GIVEN DATA below:
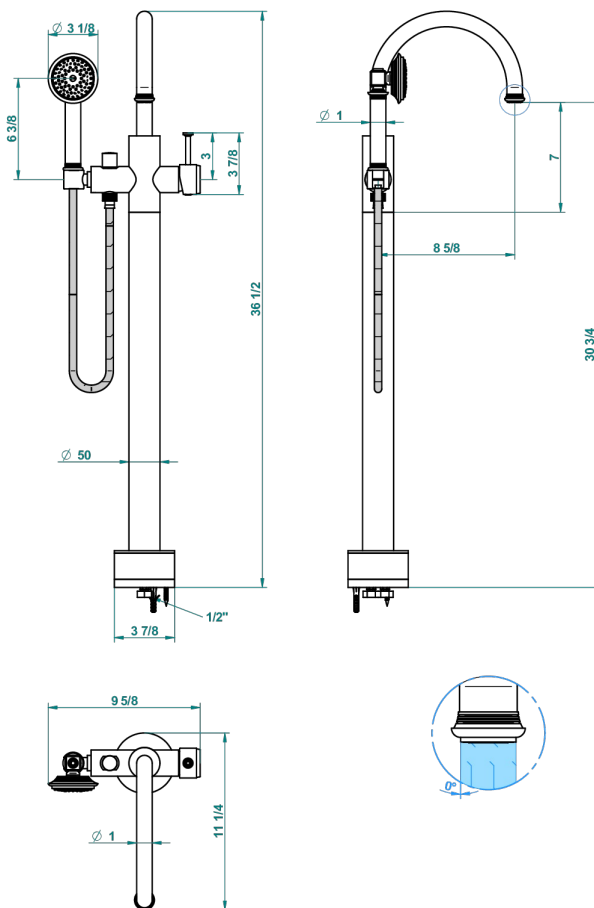

WEST COAST GUILLOCHE LIN

U9C-6508S

THG[®]
PARIS

Mitigeur bain-douche sur colonne avec flexible et douchette avec système Easyclean

62165

12/04/2017

CARACTÉRISTIQUES

- West Coast Guilloché Lin
- Mitigeur bain-douche sur colonne avec flexible et douchette avec système Easyclean

FINITIONS DISPONIBLES

Bronze clair - D01
Chromé - A02
Chromé insert doré - GA1
Chromé mat - C02
Doré brillant - F01
Doré mat - F07

Laiton fumé naturel - A13
Nickel brillant - B01
Nickel mat - C01
Noir mat céramique - D30
Or pâle - F30
Or pâle mat - F31
End of GIVEN DATA.
→ PROMPT:
Could you print all of the entries exactly, skipping the images?

→ FINAL ANSWER:
WEST COAST GUILLOCHE LIN

U9C-6508S

THG[®]
PARIS

Mitigeur bain-douche sur colonne avec flexible et douchette avec système Easyclean

62165

12/04/2017

CARACTÉRISTIQUES

- West Coast Guilloché Lin
- Mitigeur bain-douche sur colonne avec flexible et douchette avec système Easyclean

FINITIONS DISPONIBLES

Bronze clair - D01
Chromé - A02
Chromé insert doré - GA1
Chromé mat - C02
Doré brillant - F01
Doré mat - F07

Laiton fumé naturel - A13
Nickel brillant - B01
Nickel mat - C01
Noir mat céramique - D30
Or pâle - F30
Or pâle mat - F31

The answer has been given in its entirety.